Sports Science Monthly – July 2018
Welcome back to another edition of Sports Science Monthly. This month, we take a closer look at monitoring post-match fatigue, the debate on hamstring muscle action, mindfulness, warming up, travel, and more.
As always, the full Sports Science Monthly is available exclusively to HMMR Plus Members. The first topic below is free to everyone, but sign up now to read about all the research. To get an idea of what Sports Science Monthly is all about, the April 2016 edition is available in its entirety for free.
This Month’s Topics
- The effectiveness of post-match fatigue monitoring in team sports
- Mindfulness and sleep in athletes
- Research on hamstring injury prevention and implications for practice
- Warming up after halftime
- Prior ankle injury as a risk factor for future hamstring injury
- The effects of travel and competitors on markers of well-being
- Quick-fire round
The effectiveness of post-match fatigue monitoring in team sports
» Quick summary: Monitoring for post-match fatigue in team sports is an idea with plenty of potential, but that is rife with practical limitations. In a recent paper, a group of leading sports scientists from soccer discuss some of these limitations – including the fact that increased post-match fatigue doesn’t necessarily correlate to decreased performance – in order to give us a better idea of how, and if, we should monitor for fatigue in sport.
I’m often banging on about the need to monitor athletes in order to better understand how they are tolerating loads and recovery; however, a recent paper in Sports Medicine has given me plenty of food for thought. In this article – written by sports science and medicine staff from Paris Saint Germain and Arsenal football clubs and available in full for free – the authors discuss the real world application of these monitoring methods, as well as some contemporary issues regarding their use. I’m a big fan of one of the authors, Martin Buchheit, as he often puts a real-world spin on the theory, which often gets me thinking deeper about certain issues.
The first point that the authors make is that the purpose of post-match fatigue monitoring is to collect measurements on fatigue, and then use this information to better manage player load in the run up to the next match. However, they point out that there appears to be no relationship between post-match fatigue measures and subsequent match performance; i.e., those players who exhibit the highest fatigue scores do not perform worse in the next match. If this is the case, they ask, why collect this data in the first place?

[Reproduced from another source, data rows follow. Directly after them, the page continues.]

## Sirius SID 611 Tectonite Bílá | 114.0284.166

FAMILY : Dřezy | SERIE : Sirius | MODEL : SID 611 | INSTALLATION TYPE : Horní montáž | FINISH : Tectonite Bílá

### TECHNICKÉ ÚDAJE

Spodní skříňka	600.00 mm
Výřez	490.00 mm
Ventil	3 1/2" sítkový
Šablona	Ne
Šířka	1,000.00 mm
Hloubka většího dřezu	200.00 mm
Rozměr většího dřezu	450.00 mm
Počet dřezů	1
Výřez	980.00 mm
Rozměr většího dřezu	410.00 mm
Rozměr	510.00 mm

Secondly, they review the literature supporting the use of post-match fatigue monitoring. In general, the research in this area is often not in elite football players, and the data suggests that, in sub-elite footballers, full recovery – in terms of return to baseline measures – tends to occur within 72 hours of a match. However, based on limited research in elite football players, the time course for recovery appears to be shorter in higher standard players, who are often fitter, with a suggested recovery time frame of just 48 hours.

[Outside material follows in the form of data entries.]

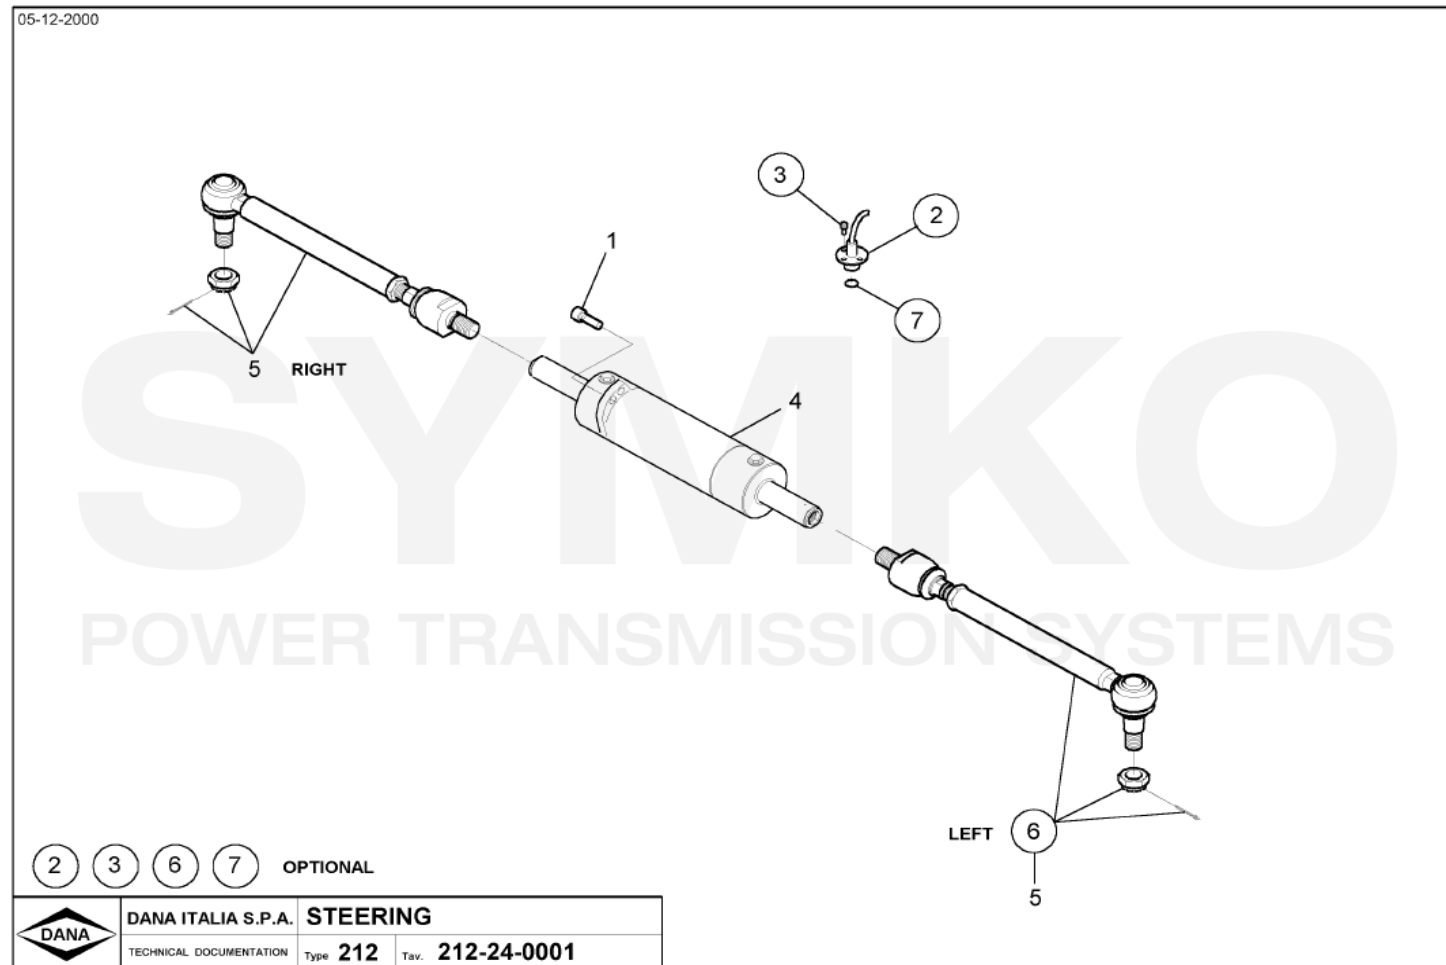

contact@symko.fr

www.symko.fr

SYMKO

POWER TRANSMISSION SYSTEMS

VUES PONT DANA N° 212-435

Vue N°5

SYMKO – Parc d’activité de Tournebride – 23 Rue de la Guillauderie 44118
LA CHEVROLIERE

Tél : 02 51 70 13 13 - fax : 02 51 70 04 04

Thirdly, they ask just how practical the collection of post-match fatigue data is. Typically, the day after a match is a recovery day, and so players may not be present at the club in order for the sports science and medicine staff to collect data on recovery at the 24 hour time point. Additionally, for evening games, the 24- and 48 hour post-match measures would need to be collected at 10pm, which is clearly impractical; collection of data at standardized times is important to allow correct interpretation of the data, so it isn’t necessarily a case of just altering the data collection times to fit in. The relevance of the data that is collected is also questioned; during a period of heavy fixture congestion, when fatigue is likely to be highest, the players also have to adequately prepare tactically for the next match; as such, the manager will be demanding their presence on the training pitch, no matter what the fatigue status of any given player.

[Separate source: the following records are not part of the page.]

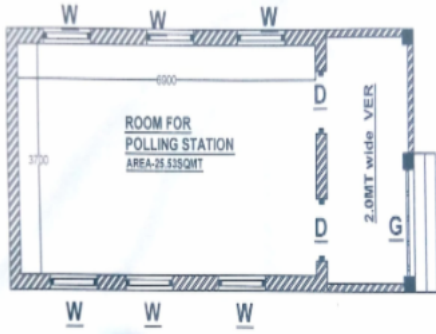

নির্বাচক নিবন্ধন আধিকারিকের স্বাক্ষর

Nazri Naksha

Google Map View

Polling Station Building Front View

Polling Station Front View

Cad View

Key MAP View

বিধানসভা নির্বাচনক্ষেত্রের নং, নাম : 217-রামনগর
ভাগ নং, নাম : 1-পূর্বমুকুন্দপুর (আংশিক) রাস্তার পূর্বদিক, জে.এল.নং.২১১

Fourth, what data are you actually going to collect? As the authors point out, and as my limited experience supports, players tend to be reluctant to undergo blood or saliva tests, meaning that the sports science team are often limited to subjective markers, or performance on physical tests. The concept of subjecting players to a physical test to determine fatigue status is, however, questionable, given that such a test would likely invoke further fatigue, and hence be counter-productive.
So what are the alternatives? The authors point to the need for future research supporting the use of “convenience data”, such as within-training heart rate or running metrics (most players train with either a heart rate monitor or GPS unit, or even both), which would allow for the development of a robust data set over time, from which individual deviations from a normal range could be detected – but even then, what would you do with such data?
So what does this mean for you? Hopefully, it’s encouraged you to critically assess what you measure within your training – not just with regards to fatigue management, but also performance. Are you collecting data that matters – i.e., can you make interventions based on it, and is it reliable for the group of athletes you’re working with? Such considerations are important from an efficiency stand point, and, if your athletes understand why and how you use the data you collect, could ensure a greater buy-in on their part.